To the best of the authors’ knowledge, the dynamic response of SLM–AlSi10Mg alloy has been studied on samples that differed only in their built-up direction, regardless of the pattern strategy and other process parameters. Thus, the novelty of the present work is to provide an improved understanding of the roles of the process parameters and building direction on the dynamic properties of AlSi10Mg alloy. For this purpose, the samples were fabricated by the EOS M280 and the Concept Laser (CL) X line 1000R. Both of these implement similar SLM-powder bed technology using AlSi10Mg alloy and known for their unique fabrication strategy. The dynamic properties were experimentally characterized using the split Hopkinson pressure bar (SHPB) on samples in the “as-built” state (without heat treatment), at two different building orientations, XY- and Z-oriented, under strain rates ranging from 700 to 6700 s⁻¹—which were achieved by impact velocities in the range of 10–30 m/s, similar to those encountered in car accidents. It should be clarified upfront that the aim of this research is not to determine the “best printer”, but rather to understand the manner in which the printing parameters affect the dynamic mechanical properties. Therefore, we chose to test samples manufactured by each machine in its optimal setup. This study combines a systematic investigation of the microstructure and crystallographic texture in the initial state, employing the electron back-scattered diffraction (EBSD) technique coupled with a high-resolution scanning electron microscope (SEM). The remainder of this paper is arranged as follows—the experimental and building methods are described, followed by characterization of the sample microstructures and the results from the SHPB systems. Finally, concluding remarks are provided.

2. Experimental Method

2.1. Machines and Material

Two machines, distinguished by their unique processing strategies, were selected—the EOS M280 and CL X line 1000R. Each machine fabricated samples of AlSi10Mg alloy using fresh powder, with the chemical compositions presented in

Table 1. Chemical composition, in wt.%, of AlSi10Mg alloy [27,28].

Al	Si	Mg	Fe	Mu	Ti	Cu	Zu
Balance	9–11	0.2–0.45	0–0.55	0–0.45	0–0.15	0–0.1	0–0.1

. A comparison between the manufacturer powder particle size and sphericity is presented in

Table 2. Cumulative distribution of the AlSi10Mg alloy powder particle size and sphericity.

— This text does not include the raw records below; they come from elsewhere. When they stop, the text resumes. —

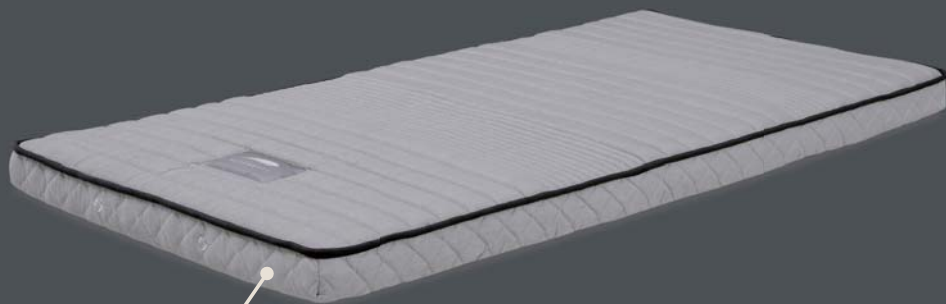

SW-11

コンパクトに収納することができる

三つ折りポケットコイルマットレス。

多くのポケットコイルが高い点弾性を実現しました。

厚さ 110 mm で二段ベッドにも使用可能です。

ジャガード
生地

サイズ

価格

S: 450個

内部構造

生地について

ジャガード生地 (ポリエステル・ポリプロピレン)

SW-21X ソフト SOFT

点弾性に優れたポケットコイルを使用したマットレス。
柔らかめのポケットコイルが**体圧をしっかりと分散**します。
吸湿発散性に優れた柔らかな風合いの**ニット生地**が
 快適な寝心地をサポートします。

ニット生地

サイズ	価格	才数
S W 970 × D1950 × H215	¥32,500 税抜 (¥35,750 税込)	14.8 才
SD W1200 × D1950 × H215	¥40,000 税抜 (¥44,000 税込)	18.2 才
D W1400 × D1950 × H215	¥47,500 税抜 (¥52,250 税込)	21.4 才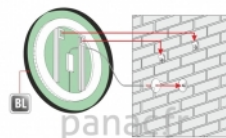

4 semaines

5 ans

Documentation

[Miroirs lumineux led](#)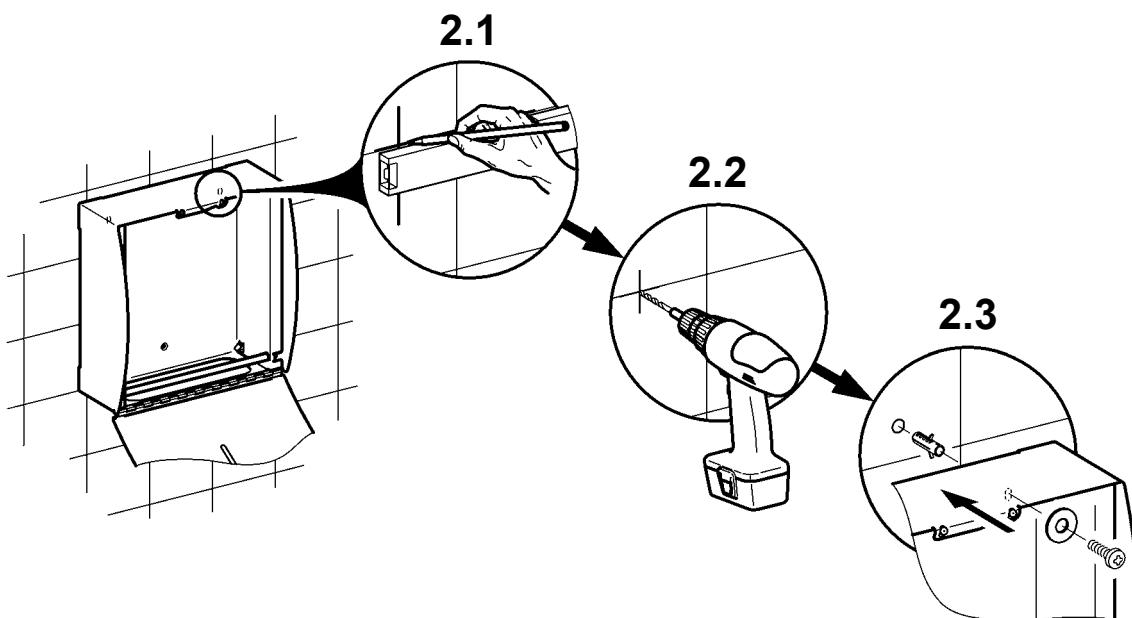

1. Montage

EN Installation
FR Montage
ES Montaje
IT Montaggio

NL Montage
PL Montaż
SV Montering

CS Montáž
FI Asennus
RU Монтаж

1

2

3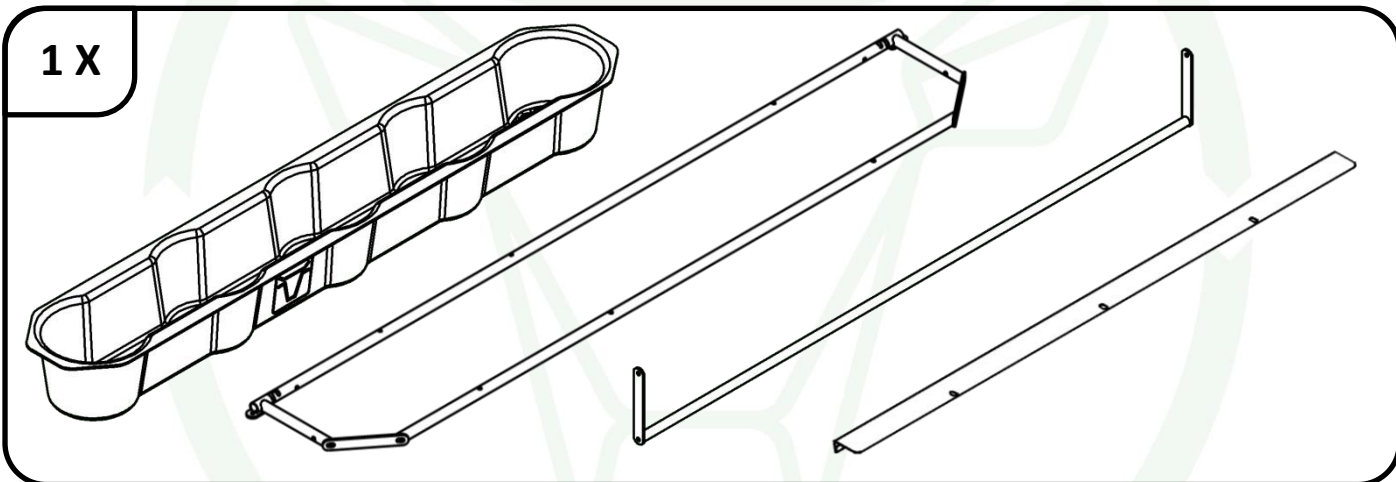

JOURDAIN

N° 1 MONDIAL DU TUBULAIRE BOVIN

www.jourdain-group.com

VE2404

VE2405

VE2406

AUGE REVERSE 4, 5 ET 6 VEAUX
REVERSE TROUGH 4, 5 AND 6 SPACES FOR CALVES
COMEDERO REVERSE 4, 5 Y 6 PLAZAS PARA TERNEROS
TROG REVERSE 4, 5 UND 6 PLÄTZE

2

X 2

3

X 2

4

X 3

5

X 3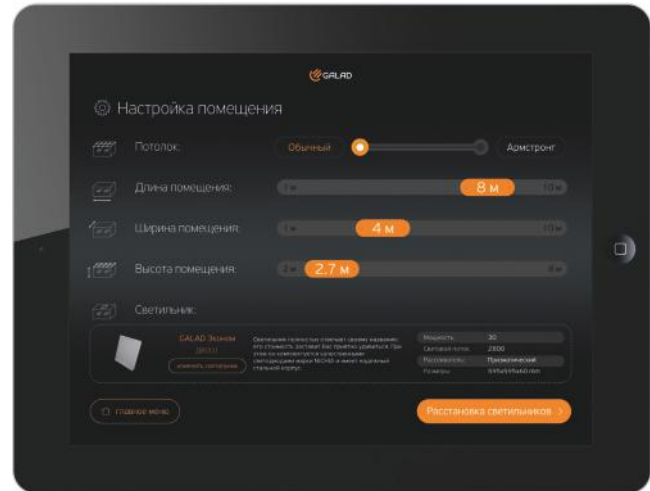

GALAD Office Light

Твой карманный светотехник

Приложение для расчета освещения в помещениях + справочник по светотехнике.

Интуитивно понятный интерфейс позволяет сделать расчет освещения всего 2 минуты.

Выбор необходимой модификации светильника.

Наглядные результаты расчетов выводятся на экран, а также сохраняются в формате pdf.

#galadofficelight

Приложение доступно для установки на телефоны и планшеты на базе IOS и Android.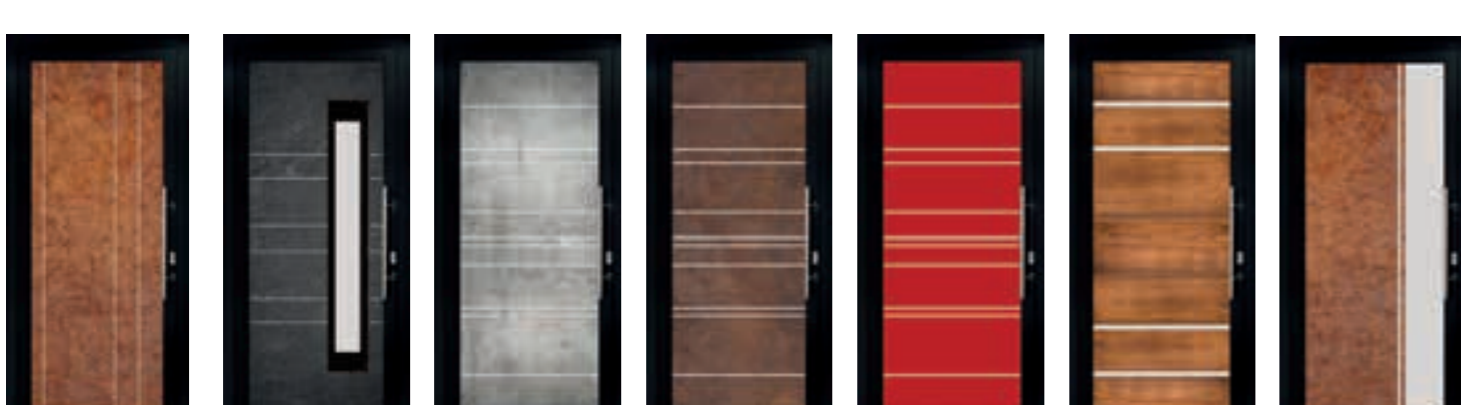

LPCLAS03-CORT
IMP / DPA / PDT / LUM+ / DD

LPCLAS02-ARDO
IMP / DPA / PDT / LUM++ / DG

LPCLAS04-BETO
IMP / DPA / PDT / LUM++ / DD

LPCLAS04-RUST
IMP / DPA / PDT / LUM++ / DD

LPCLAS04-CARM
IMP / DPA / PDT / LUM++ / DD

LPCLAS09-NOYE
IMP / DPA / PDT / LUM++ / DD

LPCLAS08-CORT
IMP / DPA / PDT / LUM+++ / DD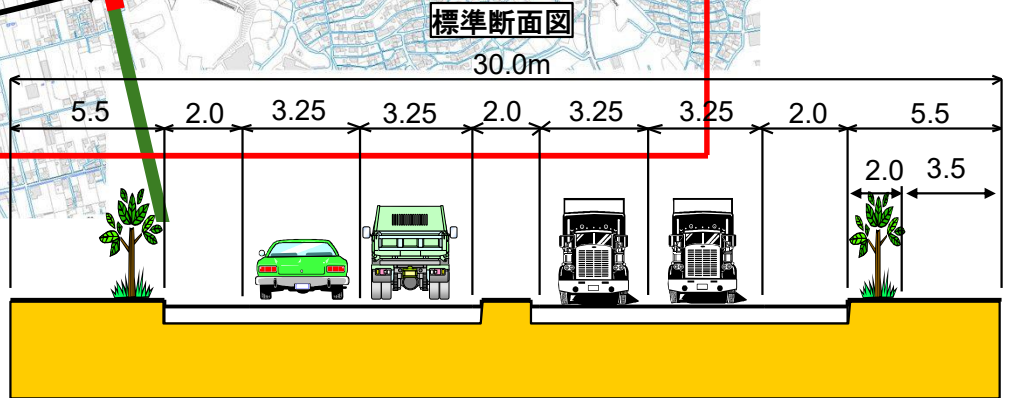

東風平豊見城線 計画図

- 那覇空港自動車道
- 国道
- 県道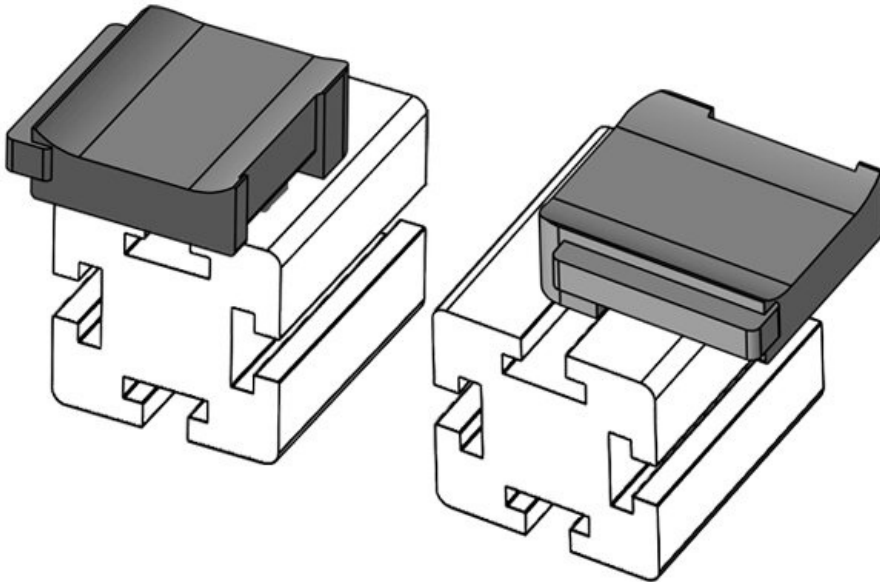

KBH-R 36 Bosch Rexroth G8

Artikelnummer **61056.9005** Aufbauhöhe **19 mm**
EAN **4251269331**
749
Verpackungsei **50**
nheit
Passend für **KLKB 300 x**
KLB | KLKB: **17, KLB 15,**
KLKB 20, KLB
25
Länge **43 mm**
Breite **36,5 mm**
Höhe **22,5 mm**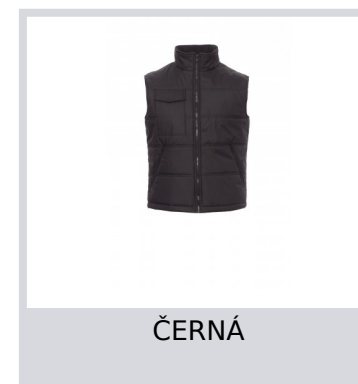

STAR

001326-0049

Prošívaná vesta s tvarovanými zády a prošívaným vnitřkem, podšívka s vysokou hustotou, flísový vnitřek límce. Dvě velké vnější kapsy na zip, jedna kapsa na hrudi na mobilní telefon a jedna vnitřní kapsa.

Složení: 100% POLYESTER

Vzhled: PONZÉ PVC 210T

Hmotnost: 180 GR/MQ

Velikosti:

Obal: 1/10

VYROBENO: VYROBENO V ČINĚ

HS CODE: 62014010

Barvy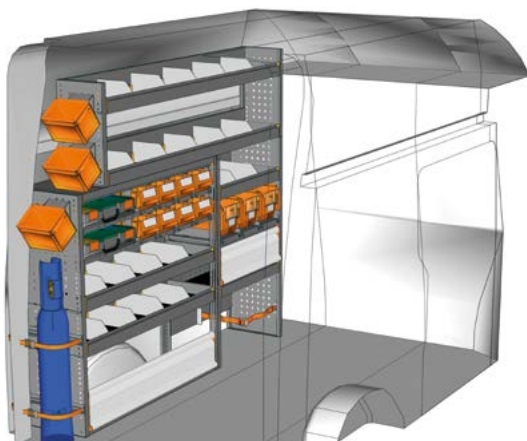

BEISPIEL - EXAMPLE

TA 1917 02*

B=1733 T=365 H=1700 mm - W=1733 D=365 H=1700 mm

Manufacturer	Property	10%	50%	90%
EOS	particle size (m)	39.5	63.8	87.1
	sphericity	0.79	0.91	0.95
CL	particle size (m)	47.0	64.7	80.2
	sphericity	0.73	0.91	0.93

as a cumulative distribution of the undersized 10%, 50%, and 90% of the tested powder as reported by the manufacturers. In the SLM process, the particle size and the sphericity reflect on the powder quality and have a major influence on the product’s mechanical properties [26]. The slight variation in the fresh powder was considered negligible in the present study.

The EOS M280 and the CL X line 1000R machines are both fiber laser based SLM systems, distinguished by the set of process parameters, the main parameters are presented in

Table 3. Selective laser melting (SLM) process parameters as reported by manufacturers [27,28].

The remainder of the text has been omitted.